I need a good way to implement certificate or public-key pinning in a Windows 10 Universal application. All the code is in C#, and all connections are HTTPS, so something for the Windows.Web.Http.HttpClient
class would be great. Is there a simple class/library, or at least a step-by-step guide, for how to implement this stuff that can be done safely by somebody who doesn't know the arcane details of X.509 certificates and so on?
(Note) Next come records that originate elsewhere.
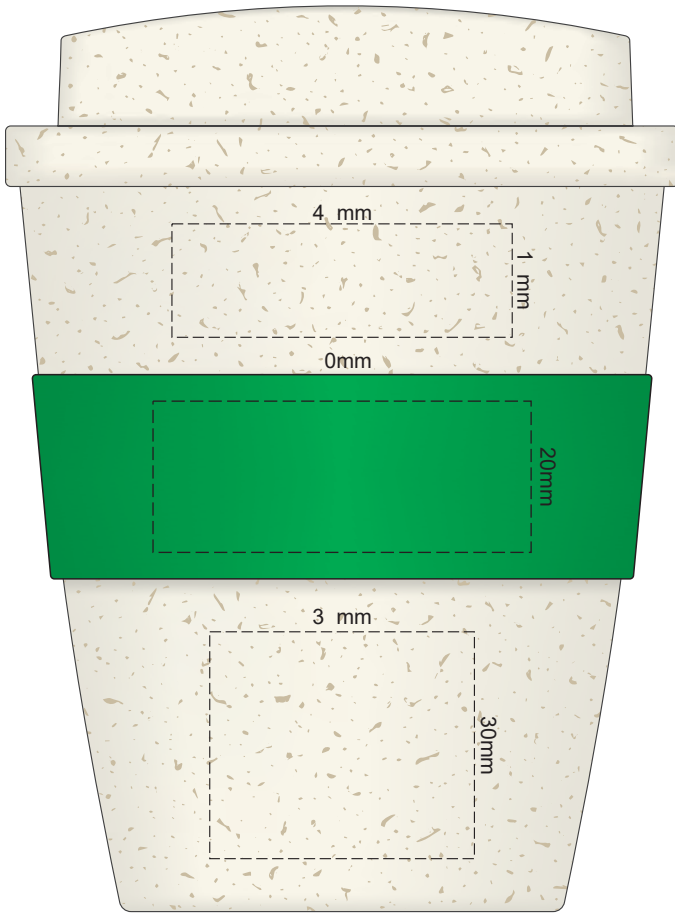

100% of Actual Size  
Pad Print

SIDE 1

SIDE 2

100% of Actual Size  
Screen Print (one colour)

100% of Actual Size  
Screen Print (one colour)  
Double sided template Front & Back

Red Line = Exact opposites of the product  
(centre artwork to the red line)

100% of Actual Size  
Silicone Digital Print  
Debossed

SIDE 1

SIDE 2

100% of Actual Size  
Digital Packaging Print  
FRONT

Artwork will be printed direct onto the product via CM K printing (no white) colours will not be vibrant due to white ink not being available for this process

**GIFT BOX SLEEVE**

60% of Actual Size  
Digital Print  
393mm

Blue Line = The SIGNIFICANT PRINT AREA  
(Keep all critical images & text within this box)  
Black Line = Maximum print area  
Pink Line = Bleed off to here  
Red Line = Fold Line

Some things I've found talk about using native code, or third-party libraries like OpenSSL (very complicated!). The best thing I've found is this question about pinning in WP8.0, which includes a code sample that should work on WP8.1 and hopefully also Win10, but it's kind of ugly and confusing, and I'm not sure how to require that the server's certificate is one of the pinned ones when sending the request with the sensitive information. Checking beforehand doesn't seem safe because of time-of-check/time-of-use (TOCTOU) attacks (unless the HttpRequestMessage
.TransportInformation
function opens the connection and then holds it open so there's no chance for an attacker to gain a man-in-the-middle position on a new connection). Ideally there'd be a way to filter the HttpClient so it only connects to servers with pinned certs, but the closest thing I can find to that does exactly the opposite (ignore certain cert errors, as talked about here) via the HttpBaseProtocolFilter.IgnorableServerCertificateErrors
property, which doesn't seem to have any option to restrict the valid certificates.
Does anybody have a good solution here? If the HttpRequestMessage.TransportInformation
approach (with custom cert validation code) is the only option, is it safe against TOCTOU attacks to check that property before sending the request?